■ What you have to do ■
Would you please restate all of the entries exactly, apart from the pictures?

■ Source material ■
———

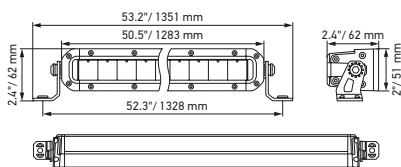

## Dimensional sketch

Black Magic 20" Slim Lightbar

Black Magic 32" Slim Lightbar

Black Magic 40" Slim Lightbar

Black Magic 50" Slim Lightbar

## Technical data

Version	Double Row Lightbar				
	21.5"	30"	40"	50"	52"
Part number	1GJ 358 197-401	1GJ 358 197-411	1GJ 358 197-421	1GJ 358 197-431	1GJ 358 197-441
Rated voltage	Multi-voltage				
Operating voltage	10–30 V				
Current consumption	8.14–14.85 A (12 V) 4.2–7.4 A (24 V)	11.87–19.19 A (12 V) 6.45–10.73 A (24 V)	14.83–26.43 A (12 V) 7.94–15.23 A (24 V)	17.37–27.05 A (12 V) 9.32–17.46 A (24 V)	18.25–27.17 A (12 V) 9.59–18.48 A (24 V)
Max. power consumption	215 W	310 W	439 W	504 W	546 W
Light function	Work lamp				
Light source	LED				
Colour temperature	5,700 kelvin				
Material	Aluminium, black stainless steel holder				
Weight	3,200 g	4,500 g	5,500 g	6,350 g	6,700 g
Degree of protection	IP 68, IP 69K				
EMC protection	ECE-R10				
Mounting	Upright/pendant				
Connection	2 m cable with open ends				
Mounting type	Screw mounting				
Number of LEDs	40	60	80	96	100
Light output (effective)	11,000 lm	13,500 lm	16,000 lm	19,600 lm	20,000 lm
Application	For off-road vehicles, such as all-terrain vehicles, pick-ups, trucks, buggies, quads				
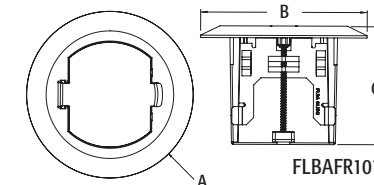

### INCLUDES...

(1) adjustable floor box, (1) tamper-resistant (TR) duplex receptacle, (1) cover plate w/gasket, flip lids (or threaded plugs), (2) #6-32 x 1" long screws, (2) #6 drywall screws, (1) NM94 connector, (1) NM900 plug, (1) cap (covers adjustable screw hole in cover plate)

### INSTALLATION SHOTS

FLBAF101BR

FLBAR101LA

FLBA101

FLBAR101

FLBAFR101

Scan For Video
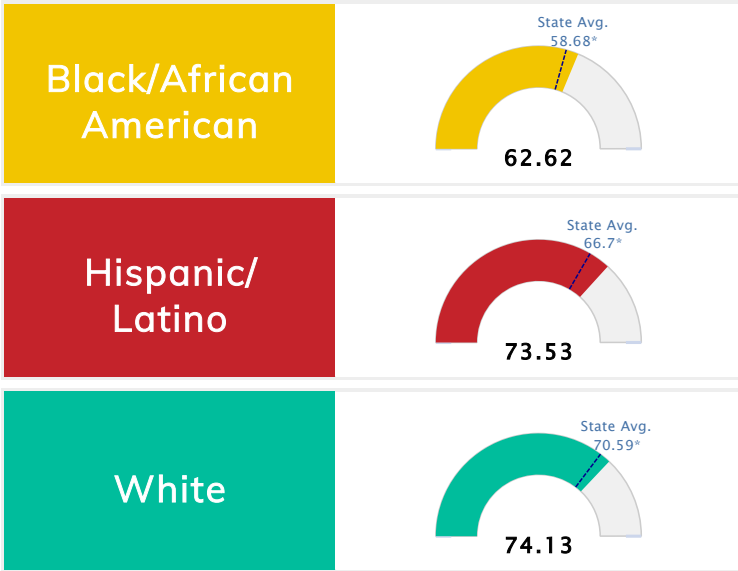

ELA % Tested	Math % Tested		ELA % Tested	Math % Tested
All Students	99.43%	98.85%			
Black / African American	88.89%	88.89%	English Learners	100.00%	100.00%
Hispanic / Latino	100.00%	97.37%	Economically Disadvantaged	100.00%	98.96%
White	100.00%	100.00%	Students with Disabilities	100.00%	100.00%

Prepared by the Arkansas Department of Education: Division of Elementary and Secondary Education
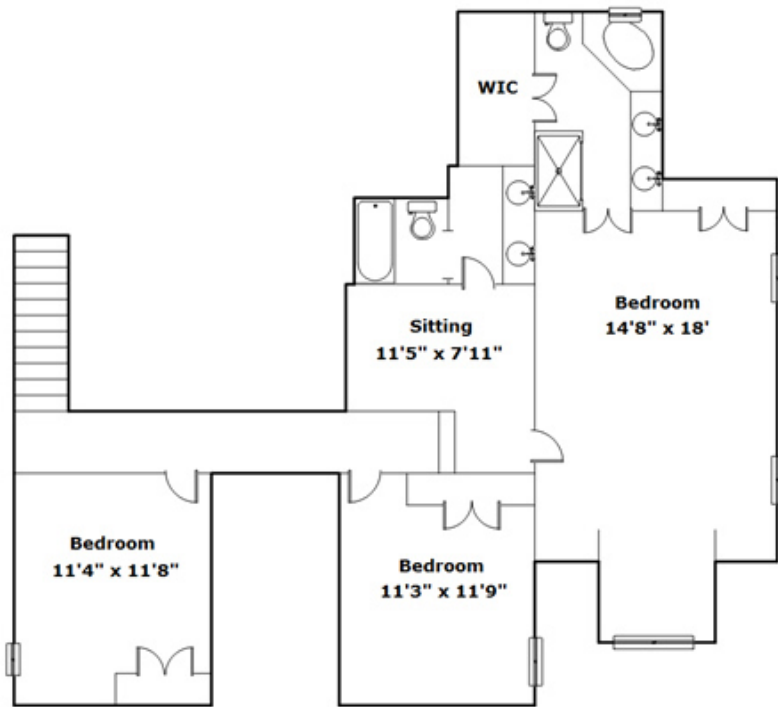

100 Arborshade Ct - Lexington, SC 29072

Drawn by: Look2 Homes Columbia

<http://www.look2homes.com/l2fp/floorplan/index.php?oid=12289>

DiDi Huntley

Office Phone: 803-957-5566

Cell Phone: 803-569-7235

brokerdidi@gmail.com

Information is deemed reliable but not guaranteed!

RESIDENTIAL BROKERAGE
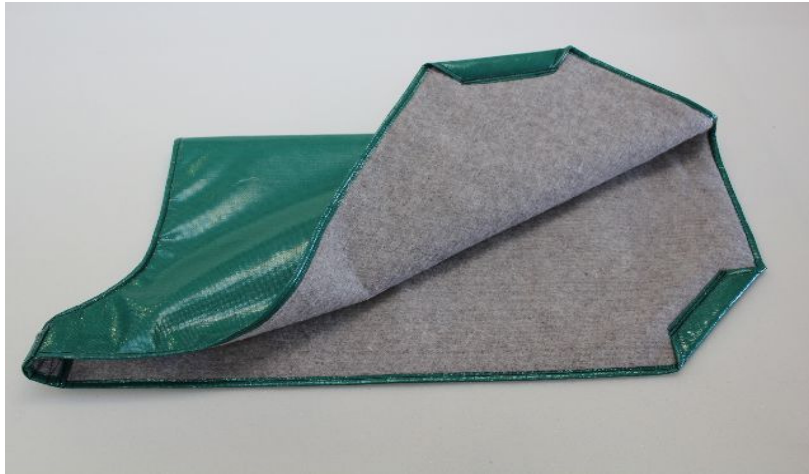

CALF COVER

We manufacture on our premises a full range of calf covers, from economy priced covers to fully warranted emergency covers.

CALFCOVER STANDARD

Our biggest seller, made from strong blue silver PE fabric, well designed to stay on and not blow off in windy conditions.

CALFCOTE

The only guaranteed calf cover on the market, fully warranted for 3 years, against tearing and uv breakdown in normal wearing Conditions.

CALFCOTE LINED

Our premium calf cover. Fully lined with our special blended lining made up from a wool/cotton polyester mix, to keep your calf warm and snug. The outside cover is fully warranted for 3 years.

———

■ Response below ■
## Dimensional sketch

Black Magic 20" Slim Lightbar

Black Magic 32" Slim Lightbar

Black Magic 40" Slim Lightbar

Black Magic 50" Slim Lightbar

## Technical data

Version	Double Row Lightbar				
	21.5"	30"	40"	50"	52"
Part number	1GJ 358 197-401	1GJ 358 197-411	1GJ 358 197-421	1GJ 358 197-431	1GJ 358 197-441
Rated voltage	Multi-voltage				
Operating voltage	10–30 V				
Current consumption	8.14–14.85 A (12 V) 4.2–7.4 A (24 V)	11.87–19.19 A (12 V) 6.45–10.73 A (24 V)	14.83–26.43 A (12 V) 7.94–15.23 A (24 V)	17.37–27.05 A (12 V) 9.32–17.46 A (24 V)	18.25–27.17 A (12 V) 9.59–18.48 A (24 V)
Max. power consumption	215 W	310 W	439 W	504 W	546 W
Light function	Work lamp				
Light source	LED				
Colour temperature	5,700 kelvin				
Material	Aluminium, black stainless steel holder				
Weight	3,200 g	4,500 g	5,500 g	6,350 g	6,700 g
Degree of protection	IP 68, IP 69K				
EMC protection	ECE-R10				
Mounting	Upright/pendant				
Connection	2 m cable with open ends				
Mounting type	Screw mounting				
Number of LEDs	40	60	80	96	100
Light output (effective)	11,000 lm	13,500 lm	16,000 lm	19,600 lm	20,000 lm
Application	For off-road vehicles, such as all-terrain vehicles, pick-ups, trucks, buggies, quads				

### INCLUDES...

(1) adjustable floor box, (1) tamper-resistant (TR) duplex receptacle, (1) cover plate w/gasket, flip lids (or threaded plugs), (2) #6-32 x 1" long screws, (2) #6 drywall screws, (1) NM94 connector, (1) NM900 plug, (1) cap (covers adjustable screw hole in cover plate)

### INSTALLATION SHOTS

FLBAF101BR

FLBAR101LA

FLBA101

FLBAR101

FLBAFR101

Scan For Video

ELA % Tested	Math % Tested		ELA % Tested	Math % Tested
All Students	99.43%	98.85%			
Black / African American	88.89%	88.89%	English Learners	100.00%	100.00%
Hispanic / Latino	100.00%	97.37%	Economically Disadvantaged	100.00%	98.96%
White	100.00%	100.00%	Students with Disabilities	100.00%	100.00%

Prepared by the Arkansas Department of Education: Division of Elementary and Secondary Education

100 Arborshade Ct - Lexington, SC 29072

Drawn by: Look2 Homes Columbia

<http://www.look2homes.com/l2fp/floorplan/index.php?oid=12289>

DiDi Huntley

Office Phone: 803-957-5566

Cell Phone: 803-569-7235

brokerdidi@gmail.com

Information is deemed reliable but not guaranteed!

RESIDENTIAL BROKERAGE

CALF COVER

We manufacture on our premises a full range of calf covers, from economy priced covers to fully warranted emergency covers.

CALFCOVER STANDARD

Our biggest seller, made from strong blue silver PE fabric, well designed to stay on and not blow off in windy conditions.

CALFCOTE

The only guaranteed calf cover on the market, fully warranted for 3 years, against tearing and uv breakdown in normal wearing Conditions.

CALFCOTE LINED

Our premium calf cover. Fully lined with our special blended lining made up from a wool/cotton polyester mix, to keep your calf warm and snug. The outside cover is fully warranted for 3 years.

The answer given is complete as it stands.